*Task goal*:
Nothing but the lines from the line with "Duct W72XH64X2000MM Slot" to the end of the records below should appear in the answer, each exactly as given.

(Entries taken from a collection)
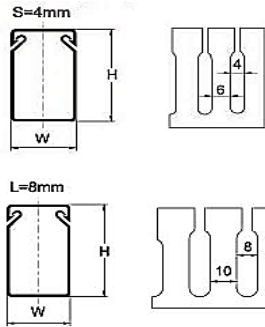

# WIRING DUCT

Slot Hole Size

WT-1

Material : Manufactured from rigid PVC material , UL94V0

Colour  Grey

Length : 2 Meter length complete with cover

Item	Part No.	Description	W X H	Slot Size	Qty/Carton
1	PXC 1525 GS	Wiring Duct W15XH25X2000MM Slot S	15 x 25	S	150
2	PXC 2525 GS	Wiring Duct W25XH25X2000MM Slot S	25 x 25	S	60
3	PXC 3333 GS	Wiring Duct W33XH33X2000MM Slot S	33 x 33	S	40
4	PXC 4040 GS	Wiring Duct W40XH40X2000MM Slot S	40 x 40	S	40
5	PXC 2545 GS	Wiring Duct W25XH45X2000MM Slot S	25 x 45	S	40
6	PXC 2545 GL	Wiring Duct W25XH45X2000MM Slot L	25 x 45	L	40
7	PXC 3345 GS	Wiring Duct W33XH45X2000MM Slot S	33 x 45	S	32
8	PXC 3345 GL	Wiring Duct W33XH45X2000MM Slot L	33 x 45	L	32
9	PXC 4545 GS	Wiring Duct W45XH45X2000MM Slot S	45 x 45	S	36
10	PXC 4545 GL	Wiring Duct W45XH45X2000MM Slot L	45 x 45	L	36
11	PXC 6545 GS	Wiring Duct W65XH45X2000MM Slot S	65 x 45	S	36
12	PXC 5050 GS	Wiring Duct W50XH50X2000MM Slot S	50 x 50	S	36
13	PXC 10050 GL	Wiring Duct W100XH50X2000MM Slot L	100 x 50	L	20
14	PXC 4060 GS	Wiring Duct W40XH60X2000MM Slot S	40 x 60	S	42
15	PXC 6060 GS	Wiring Duct W60XH60X2000MM Slot S	60 x 60	S	30
16	PXC 8060 GL	Wiring Duct W80XH60X2000MM Slot L	80 x 60	L	22
17	PXC 10060 GL	Wiring Duct W100XH60X2000MM Slot L	100 x 60	L	16
18	PXC 7264 GL	Wiring Duct W72XH64X2000MM Slot L	72 x 64	L	24
19	PXC 2565 GS	Wiring Duct W25XH65X2000MM Slot S	25 x 65	S	30
20	PXC 2565 GL	Wiring Duct W25XH65X2000MM Slot L	25 x 65	L	30
21	PXC 3365 GS	Wiring Duct W33XH65X2000MM Slot S	33 x 65	S	48
22	PXC 3365 GL	Wiring Duct W33XH65X2000MM Slot L	33 x 65	L	48
23	PXC 4565 GS	Wiring Duct W45XH65X2000MM Slot S	45 x 65	S	36
24	PXC 4565 GL	Wiring Duct W45XH65X2000MM Slot L	45 x 65	L	36
25	PXC 6565 GS	Wiring Duct W65XH65X2000MM Slot S	65 x 65	S	30
26	PXC 6565 GL	Wiring Duct W65XH65X2000MM Slot L	65 x 65	L	30
27	PXC 4080 GS	Wiring Duct W40XH80X2000MM Slot S	40 x 80	S	28
28	PXC 4080 GL	Wiring Duct W40XH80X2000MM Slot L	40 x 80	L	28
29	PXC 6080 GL	Wiring Duct W60XH80X2000MM Slot L	60 x 80	L	20
30	PXC 8080 GL	Wiring Duct W80XH80X2000MM Slot L	80 x 80	L	16
31	PXC 33100 GL	Wiring Duct W33XH100X2000MM Slot L	33 x 100	L	24
32	PXC 50100 GL	Wiring Duct W50XH100X2000MM Slot L	50 x 100	L	20
33	PXC 70100 GL	Wiring Duct W70XH100X2000MM Slot L	70 x 100	L	16
34	PXC 100100 GL	Wiring Duct W100XH100X2000MM Slot L	100 x 100	L	12
35	WT-1	Wiring Duct Cutter

*Answer section*:
18	PXC 7264 GL	Wiring Duct W72XH64X2000MM Slot L	72 x 64	L	24
19	PXC 2565 GS	Wiring Duct W25XH65X2000MM Slot S	25 x 65	S	30
20	PXC 2565 GL	Wiring Duct W25XH65X2000MM Slot L	25 x 65	L	30
21	PXC 3365 GS	Wiring Duct W33XH65X2000MM Slot S	33 x 65	S	48
22	PXC 3365 GL	Wiring Duct W33XH65X2000MM Slot L	33 x 65	L	48
23	PXC 4565 GS	Wiring Duct W45XH65X2000MM Slot S	45 x 65	S	36
24	PXC 4565 GL	Wiring Duct W45XH65X2000MM Slot L	45 x 65	L	36
25	PXC 6565 GS	Wiring Duct W65XH65X2000MM Slot S	65 x 65	S	30
26	PXC 6565 GL	Wiring Duct W65XH65X2000MM Slot L	65 x 65	L	30
27	PXC 4080 GS	Wiring Duct W40XH80X2000MM Slot S	40 x 80	S	28
28	PXC 4080 GL	Wiring Duct W40XH80X2000MM Slot L	40 x 80	L	28
29	PXC 6080 GL	Wiring Duct W60XH80X2000MM Slot L	60 x 80	L	20
30	PXC 8080 GL	Wiring Duct W80XH80X2000MM Slot L	80 x 80	L	16
31	PXC 33100 GL	Wiring Duct W33XH100X2000MM Slot L	33 x 100	L	24
32	PXC 50100 GL	Wiring Duct W50XH100X2000MM Slot L	50 x 100	L	20
33	PXC 70100 GL	Wiring Duct W70XH100X2000MM Slot L	70 x 100	L	16
34	PXC 100100 GL	Wiring Duct W100XH100X2000MM Slot L	100 x 100	L	12
35	WT-1	Wiring Duct Cutter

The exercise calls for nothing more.